The police voted for the equipment. The arresting officers apparently consulted with Sergeant Shaver and Sergeant Hill, asking what to do given that Arquero was, in fact, at home. Id. at ¶ 23. The two Sergeants directed Officers Roman and Maroney to reincarcerate him in light of the history of dozens of violations. Id. So the two officers placed Arquero under arrest and hauled him to the Cook County Jail. Id. Four days later, on February 11, a Cook County judge found that equipment failure had caused the “excessive violations.” Id. at ¶ 26. The court ordered his release. Id. He was free to go, but he wasn’t let go. At least not right away. Two days later, on February 13, Arquero finally was released. Id. at ¶ 41. All told, Arquero spent six nights in jail. Id. at ¶ 25. After that six-day ordeal, Arquero filed this lawsuit against Sheriff Tom Dart and Officer John Doe. See Cplt. (Dckt. No. 1). Arquero then amended his complaint four times, adding claims and defendants. See First Am. Cplt. (Dckt. No. 34); Second Am. Cplt. (Dckt. No. 63);

Third Am. Cplt. (Dckt. No. 94); Fourth Am. Cplt. (Dckt. No. 106).2 In his fourth amended complaint, Arquero brings six claims against seven Defendants: Officer Roman, Officer Maroney, Sergeant Shavers, Sergeant Maroney, Webb (again, the director of the Electronic Monitoring Unit), Sheriff Tom Dart, and Cook County. The first two claims are constitutional claims against the individual law enforcement officers. Count I is a Fourth Amendment claim against Officer Roman, Officer Maroney, Sergeant Shavers, and Webb. See Fourth Am. Cplt., at ¶¶ 12–28 (Dckt. No. 106). Arquero brings Count I against Cook County, too. Id. Count II is a due process claim against Officer Roman, Officer Maroney, Sergeant Shavers, and Sergeant Hill. Id. at ¶¶ 29–43.
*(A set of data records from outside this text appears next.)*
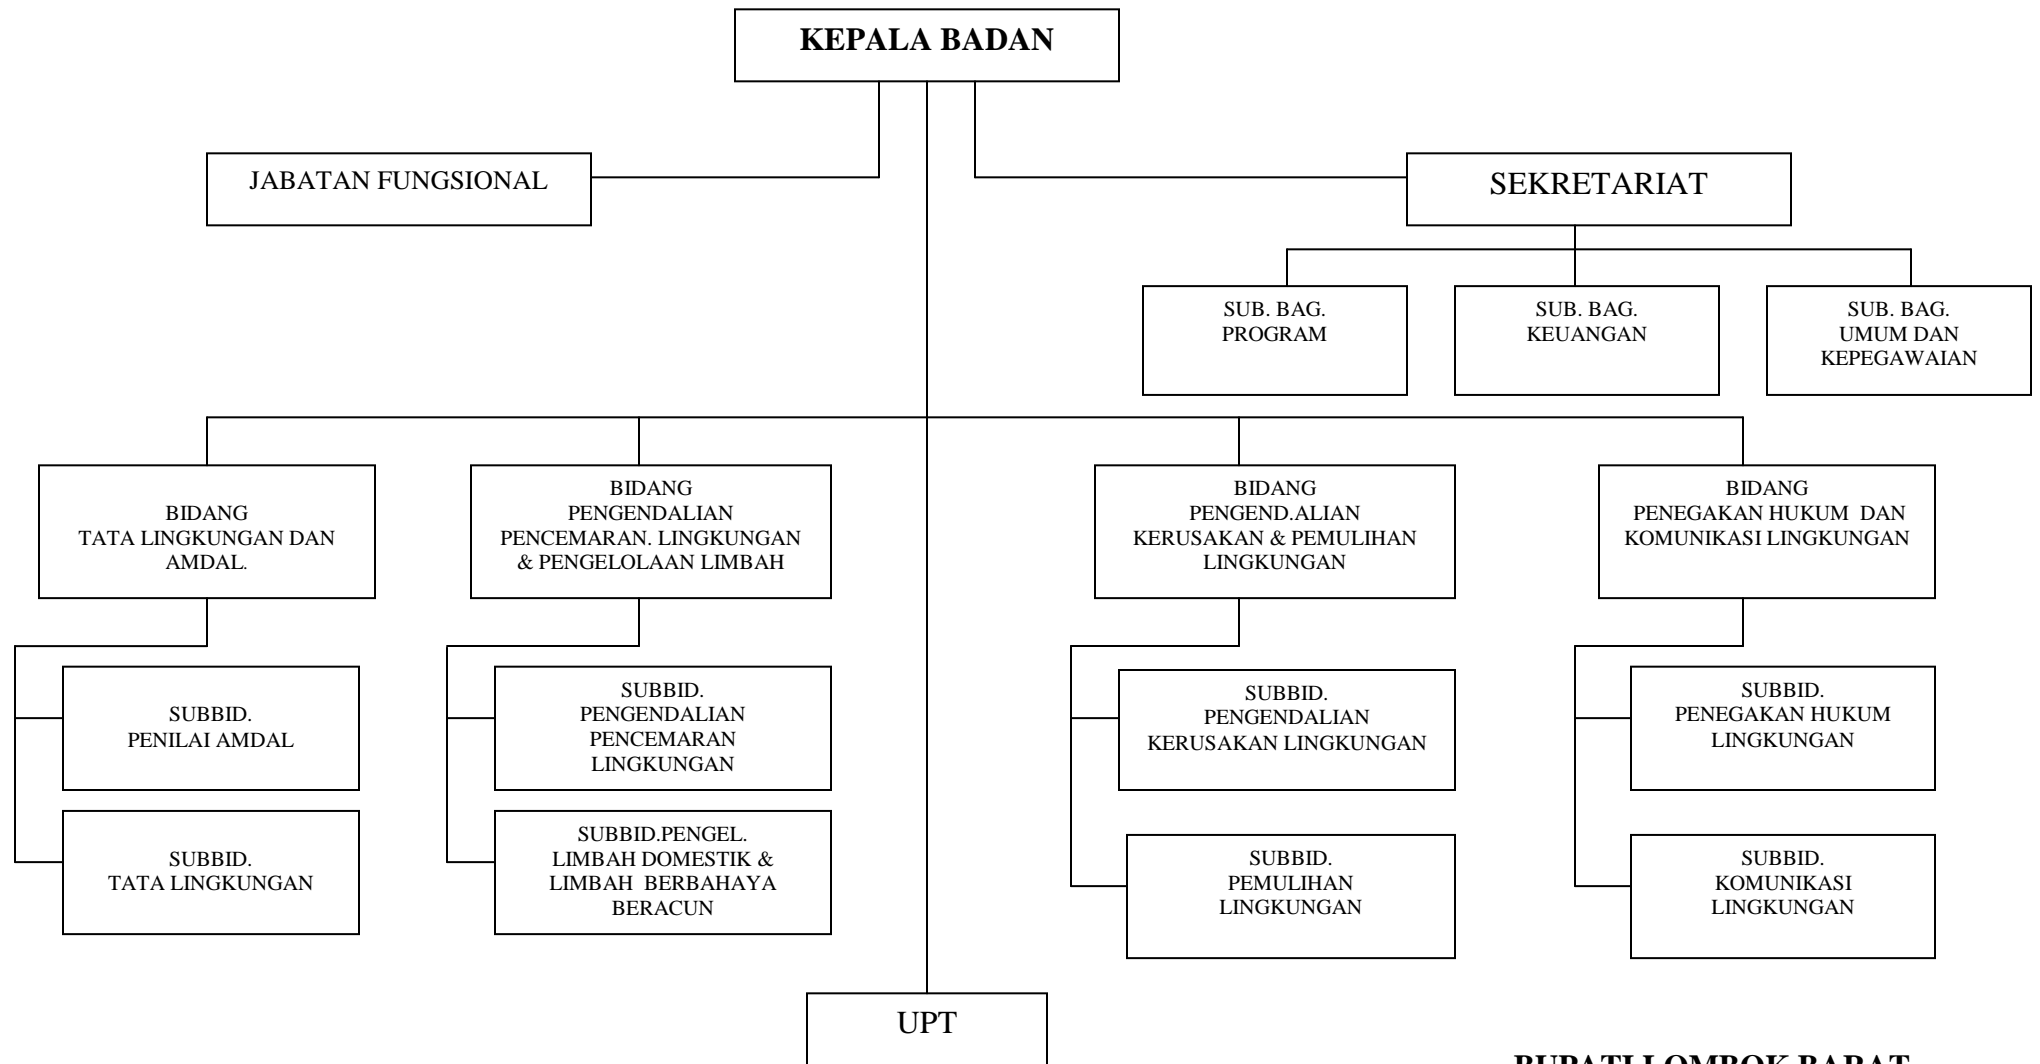

**LAMPIRAN XXIII PERATURAN DAERAH KABUPATEN LOMBOK BARAT NOMOR 9 TAHUN 2011
TENTANG ORGANISASI PERANGKAT DAERAH
BAGAN STRUKTUR ORGANISASI BADAN LINGKUNGAN HIDUP**

**BUPATI LOMBOK BARAT
TTD
H. ZAINI ARONY**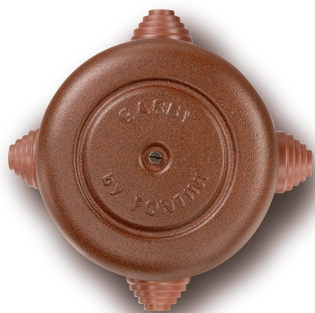

# SWITCH

Fontini / Garby (installation en saillie)

30.401.22.2

## Garby boîtier de dérivation Ø108mm métal vieilli

EAN: 8435263612523

### Caractéristiques

Couleur	Métal vieilli	Marque	Fontini
Dimensions	Ø108mm x 53mm	Poids	275g
Emballage	1 pièce	Produit	Tubes & accessoires
Gamme du produit	Garby (installation en saillie)	Type	Boîtier de dérivation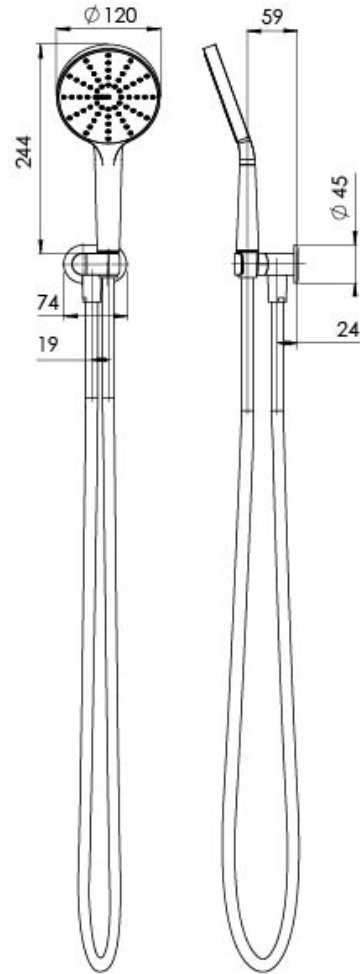

## NX VIVE HAND SHOWER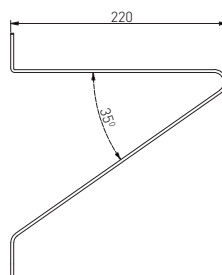

GALA

PP-GALA-20M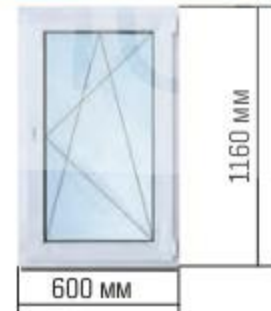

арт. 4518882 ~~4129-~~ 3729-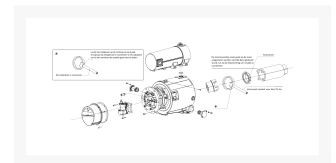

# FIXINGRING KOPPELING 30KW-55KW

## Instructies voor montage

- Draai de schroeven stevig aan.
- Controleer of de oppervlaktes van de onderdelen niet beschadigd zijn om de veiligheid tijdens de montage te garanderen.
- Reinig de onderdelen bij het (her)installeren om de invloed van vuil op het montageproces te beperken.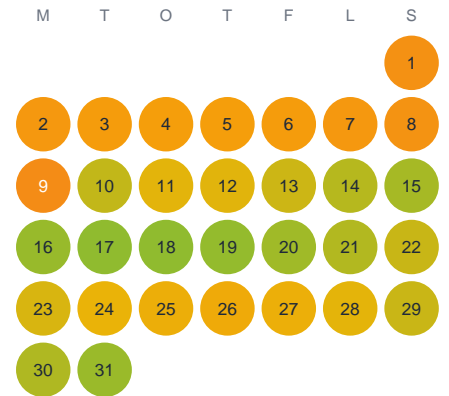

Huggtabell 2026 — Källundasjön

Källundasjön · Jönköping · huggtabell.se · modell v1 (2026-06)

Januari

Februari

Mars

April

Maj

Juni

Juli

Augusti

September

Oktober

November

December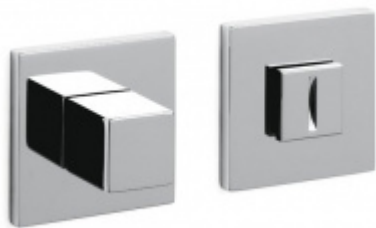

OLIVARI Ice cube nízká rozeta Cylindrická vložka

OLIVARI 

ID produktu: 22012

Design: Dominique Perrault

Pár klik na dveře včetně rozet pod kliku a pro klíč.

Materiál: masivní mosaz s povrchovými úpravami

Povrchová úprava: chrom matný / transparent krystal

Vaše cena bez DPH

Vaše cena s DPH

9 438 Kč

11 419,98 Kč

Zobrazit produkt

PŘÍSLUŠENSTVÍ

**Olivari CUBO WC
uzamykání nízká rozeta**

OLIVARI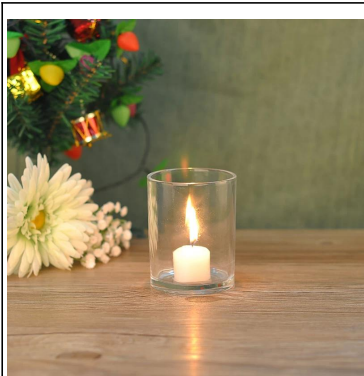

## Product Details

	Nom de l'article	<a href="#">Racine de l'arborescence structurée grands bougeoirs</a>
	Article n °	SGJD15060505
	Taille	T: 70mm * B: 65mm * H: 95mm
	Capacité / Poids	227ML / 250g
	Temps d'échantillonnage	1,5 jours si au existent forme et la taille des produits 2,15 jours si besoin d'une nouvelle forme et la taille des produits
	Emballage	Emballage normal de sécurité 24pcs / 36pcs / 48pcs etc. par carton d'exportation avec séparateur d'oeuf
	MOQ	10000pcs
	Délai de livraison	Dans les 35 jours après l'ordre confirmé
	Modalités de paiement	Dépôt de 30% par T / T à l'avance, l'équilibre après avoir montré la copie de B / L
	Caractéristique du produit	1.Highquality et les prix compétitifs 2.Meet FDA, SGS, le test de LFGB etc. 3.Eco-friendly 4. Largement appliquer au mariage, fête, la maison, bar, etc. 5.Machine fait

## More Product Pictures

[Similar Products Link](#)

The next two claims are Monell claims. Count III is a Monell claim against Cook County, Sheriff Dart, and Webb in their official capacities, alleging a policy or practice of ignoring defective EMS reports to reincarcerate individuals like Arquero. Id. at ¶¶ 44–61. Count IV is Monell claim against Cook County and Sheriff Dart in his official capacity, alleging a policy or practice of detaining individuals in custody for unreasonable amounts of time after a court-ordered release. Id. at ¶¶ 62–71. Count V is bit murky. It purports to be a claim on behalf of Arquero and others similarly situated who were reincarcerated after 2010 after experiencing equipment malfunctions and/or

2 This Court struck Arquero’s third amended complaint from the docket because he filed it without leave. See 5/14/21 Order (Dckt. No. 98). false violation alerts. Id. at ¶¶ 72–90. But Count V doesn’t pin down what constitutional provision is at issue. The only exception is a passing reference to the “substantive and procedural due process rights of the Class.” Id. at ¶ 80(h). Count VI seeks indemnification from Cook County for the claims against Sergeants Shavers and Hill and Officers Roman and Maroney. Id. at ¶¶ 91–93.

Defendants moved to dismiss Counts II, III, IV, and VI. See Defs.’ Mtn. to Dismiss (Dckt. No. 107). Legal Standard A motion to dismiss under Rule 12(b)(6) challenges the sufficiency of the complaint, not the merits of the case. See Fed. R. Civ. P. 12(b)(6); Gibson v.